(PROBLEM TO SOLVE) No pictures belong in the copy. Retype exactly, and only, the stretch of lines below from the one with "CRI | 90 | | |" through the one with "596600 Bar Height Table - Base Only".

DATA FOR THIS EXERCISE Block Start

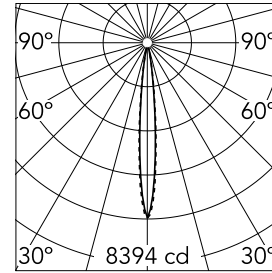

Light Shadow Fixed Trim 2 Spots Optic Spot

03.8826.14A - Black/Chrome

Recessed integrated luminaire with 2 LED lighting spots. Remote power supply included (220-240V).

Main specifications

| | | | |
|------------------------|-------|-----------------------|---------------------|
| Number of heads | 1 | Net lumen (lm) | 477 |
| Lamp category | LED | Mountings | Ceiling recessed |
| Power (W) | 5.4W | Environment | Indoor dry location |
| CCT (K) | 3000K | | |
| CRI | 90 | | |

Optical

| | |
|-------------------------------|-----------|
| Lighting type | Direct |
| LED type | Power LED |
| Light distribution | Symmetric |
| Optical type | Spot |
| Beam angle (°) | 10 |
| Beam angle C90-270 (°) | 10 |

| | | | |
|--------------------|--------------|-------------|--|
| Beam Angle: | 10° | | |
| h(m) | E(lx) | D(m) | |
| 1 | 8394 | 0.18 | |
| 2 | 2098 | 0.36 | |
| 3 | 933 | 0.55 | |
| 4 | 525 | 0.73 | |
| 5 | 336 | 0.91 | |

Physical

| | | | |
|----------------------------|--------------|--------------------|----|
| Color | Black/Chrome | Length (mm) | 77 |
| Orientation | Fixed | | |
| Trim | yes | | |
| Recessed depth (mm) | 150 | | |
| Weight (kg) | 0.25 | | |
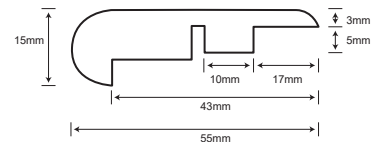

ALL PROFILES ARE 94.5" LONG

T-MOLD

REDUCER

FLUSH STAIR NOSE

OVERLAP STAIR NOSE
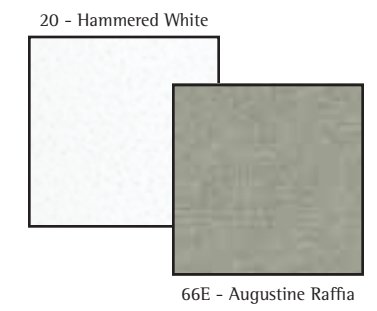

597200 Large Dining Table - Base Only

595500 Gathering Height Table - Base Only

596600 Bar Height Table - Base Only

Arkadia Padded Sling options also available. See Price List for details.

Designer Suggested Combinations:

DATA FOR THIS EXERCISE Block End

(SOLUTION FOR THIS EXERCISE)
| CRI | 90 | | |

Optical

| | |
|-------------------------------|-----------|
| Lighting type | Direct |
| LED type | Power LED |
| Light distribution | Symmetric |
| Optical type | Spot |
| Beam angle (°) | 10 |
| Beam angle C90-270 (°) | 10 |

| | | | |
|--------------------|--------------|-------------|--|
| Beam Angle: | 10° | | |
| h(m) | E(lx) | D(m) | |
| 1 | 8394 | 0.18 | |
| 2 | 2098 | 0.36 | |
| 3 | 933 | 0.55 | |
| 4 | 525 | 0.73 | |
| 5 | 336 | 0.91 | |

Physical

| | | | |
|----------------------------|--------------|--------------------|----|
| Color | Black/Chrome | Length (mm) | 77 |
| Orientation | Fixed | | |
| Trim | yes | | |
| Recessed depth (mm) | 150 | | |
| Weight (kg) | 0.25 | | |

ALL PROFILES ARE 94.5" LONG

T-MOLD

REDUCER

FLUSH STAIR NOSE

OVERLAP STAIR NOSE

597200 Large Dining Table - Base Only

595500 Gathering Height Table - Base Only

596600 Bar Height Table - Base Only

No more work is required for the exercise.